WHAT NEEDS TO BE DONE: Your answer must be only the lines below from the one containing "The round low-voltage" through the one containing "35mm Backset", copied exactly, with the pictures left out.

PROVIDED DATA:
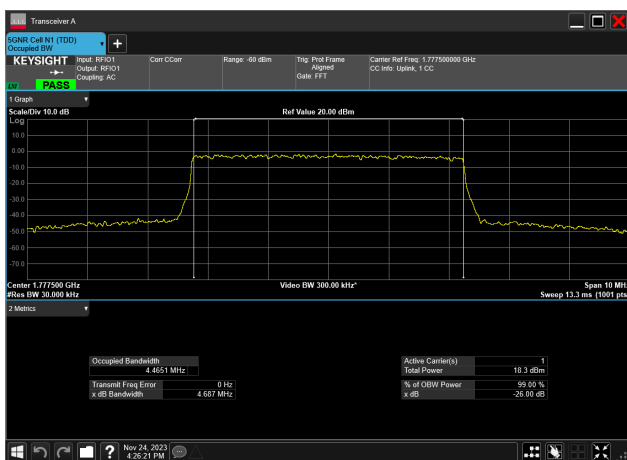

5MHz_15kHz_1777.5MHz_DFT-s-OFDM 256 QAM_RB25@0
4.465 MHz
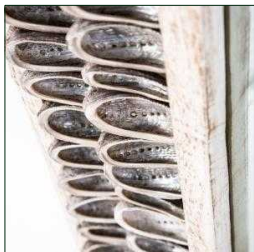

Ref. 21147 BAHIRI MIRROR

COMPOSITION

Rope combined with shell and mirror.

DIMENSIONS

Measurements (length x width x height):
80 x 6 x 100 cm.

Weight:
12,8 kg.

Frame:
18,5 cm.

Mirror size:
41,5X61,5 cm.

Anchor mode:
pletina tornillo

Hanging position:
Vertical

Cleaning instructions:

Mirror part: Wipe with a cloth dampened with lukewarm water. Metal part: Wipe with a cloth dampened with soap and water and dry with a cotton cloth. Wood part: Wipe with a synthetic cloth and a mixture of warm water and mild soap (for painted wood use cold water). Dry with a cotton cloth. If the wood is varnished, add a small spoonful of vinegar to restore its shine.
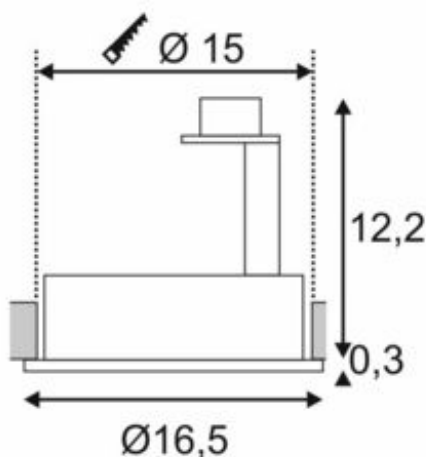

NEW TRIA 1 recessed fitting

single-headed, QR111, round, matt black, max. 75W, incl. leaf springs

Article number	113520
Light distribution type 1	Direct
Feed-in capability	No
LBS code	QR111
Lamp	QR111
Lampholder / Socket	G53
Number of light sources	1
Lamp included	No
Installation diameter	15 cm
Installation depth	12.5 cm
Tilt range	40 Degree
Rotation range	360 Degree
Height	12.5 cm
Diameter	16.5 cm
Net weight	0.341 kg
Gross weight	0.437 kg
Voltage	12 ~50 Volts
Max. wattage	75 Watt
Protection class	III
Material	Aluminium
Colour	matt black
Way of mounting	Recessed ceiling mounting
Energy efficiency class	A+
fastCalcEnabled	No
ranking	200
Catalogue page	BIG WHITE 2017: 428

The round low-voltage QRB version of our popular NEW TRIA recessed fitting series is available with black, white or brushed aluminium housings. The generous rotation and pivoting range of this recessed spot guarantees you the ability to individually focus its light beam, regardless of whether you choose to use halogen or LED retrofit lamps. For operation of the NEW TRIA 1 recessed fitting you only need a matching transformer with 12V alternating current.
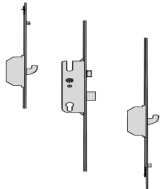

GU Secury Europa 2R/2SH 1050 Multipoint Lock - 2 Hook 2 Roller

Description

The Secury Europa 2 roller, 2 hook is a lever operated multipoint lock system by GU with a single spindle, latch, deadbolt, 16mm wide faceplate and Euro profile lock case. This product makes is easy to close doors even when they are warped.

35mm Backset

92mm Centres

Features

- Easy closing even when the door is warped
- Latch & deadbolt
- Euro profile lock case
- Lever operated
- 16mm wide faceplate
- A - Lift lever to engage locking mechanisms and then one full turn of the cylinder to lock. One full turn of the key then push down on the lever to unlock

Product Table

L24338
35/92 Short - 6-32602-08-0-1

L24337
35/92 Standard - 6-32602-02-0-1
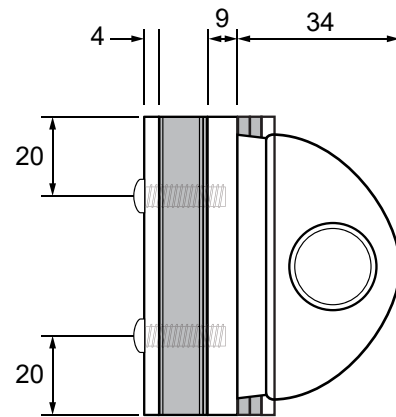

PRODUCT CODE:

FL-GG-WALL

PRODUCT TYPE:

Friction Latch Glass-to-Wall

TECHNICAL DETAILS:

- Friction Latch 180° Glass-to-Glass
- To suit 8mm - 12mm Glass
- 316 Stainless Steel

AVAILABLE FINISHED:

- Polished
- Satin
- Black
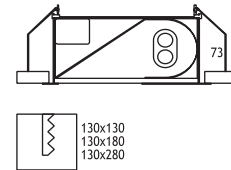

Lampholder : G24 d-3

Reflector : Asymmetrical

Diffuser : Clear Glass

Transformer : Included

COMPACT FLUO. 26W
Serie 203

Code No
372321

SERIES 103 : IN WALL

SERIES 203 : IN FALSE CEILING

BERGAMA
140 x 140

BERGAMA
140 x 190

SOLUTION TO THIS PROBLEM:
The round low-voltage QRB version of our popular NEW TRIA recessed fitting series is available with black, white or brushed aluminium housings. The generous rotation and pivoting range of this recessed spot guarantees you the ability to individually focus its light beam, regardless of whether you choose to use halogen or LED retrofit lamps. For operation of the NEW TRIA 1 recessed fitting you only need a matching transformer with 12V alternating current.

GU Secury Europa 2R/2SH 1050 Multipoint Lock - 2 Hook 2 Roller

Description

The Secury Europa 2 roller, 2 hook is a lever operated multipoint lock system by GU with a single spindle, latch, deadbolt, 16mm wide faceplate and Euro profile lock case. This product makes is easy to close doors even when they are warped.

35mm Backset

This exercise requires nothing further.